Getting your money house in order – CSUMB economist provides insight

Subhra Saha says a good starting point for taking better control of your finances is to first look at what you’ve done.

Subhra Saha
CSUMB's Subhra Saha encourages people to appreciate their financial accomplishments and face challenges realistically. | Photo by Brent Dundore-Arias

By Mark Muckenfuss

Cal State Monterey Bay’s Subhra Saha has three main pieces of financial advice for the coming year: assess your situation realistically, prioritize your spending and always have a backup plan.

And, he adds, don’t be too hard on yourself.

“Give yourself some grace,” he said. “Allow yourself to fail, but fail while trying. If a goal is not met, what you do then will determine your success. The issue is commitment.”

Saha, who has a doctorate in economics from The Ohio State University, has been with CSUMB’s College of Business for nine years. He said a good starting point for taking better control of your finances is to first look at what you’ve done.

“Reflect on what are or were your financial victories in 2023 and what were your financial anxieties,” he said. “What are the things that keep you up at night?”

It’s those things that deserve priority, he said. Once you’ve identified them, which may not take much time, a good warmup exercise is to evaluate your current situation. 

“What dollars come in, and which activities are responsible for money going out?” he said. 

Determine if there are ways to modify those amounts.

“Ask yourself, do I really need to spend my money on this? Is there somewhere else I could use time and money?” he said. “The idea is to give yourself space, so you can work around it, so you don’t feel backed into a corner. Think about the fact that you have a choice in the matter.”

Very often people struggling with finances are faced with credit card debt. Saha said he knows from personal experience how easy it can be to rack up such debt.

“I come from a really poor family in India,” Saha said. “When I first came to the U.S. and got a credit card, I couldn’t stop spending.”

He recommends not spending more than 10% of your credit limit on a card, and avoiding taking out credit card loans.

“Credit loans are like fire,” he said. “They can burn you to death.”

If credit card debt is swallowing your income, seek out a credit counselor, he said. 

Once you’ve assessed your financial situation and set your spending priorities, Saha said, establish a backup plan.

“Have a Plan B,” he said. “If I lose my job, do I have an emergency fund? Planning doesn’t guarantee success, but it helps mitigate shocks.”

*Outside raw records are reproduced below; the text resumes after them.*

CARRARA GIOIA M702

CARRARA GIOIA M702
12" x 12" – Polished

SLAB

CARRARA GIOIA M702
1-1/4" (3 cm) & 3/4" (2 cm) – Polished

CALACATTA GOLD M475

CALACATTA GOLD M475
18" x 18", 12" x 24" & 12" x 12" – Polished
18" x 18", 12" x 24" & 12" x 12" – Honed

Looking at the flip side, if your finances are in good order and you have extra money on hand, investing it can be a good move, Saha said. 

“Talking to a financial advisor is probably the best option,” he said. “The first meeting is usually free.”

If the stock market looks like a good option, he said, “Open a brokerage account, many are free.”

And, he adds, play the long game. 

Short-term gains are risky,” he said. “Think about putting money in index funds. Think about becoming a long-term investor.”

That, in itself, can provide a good Plan B.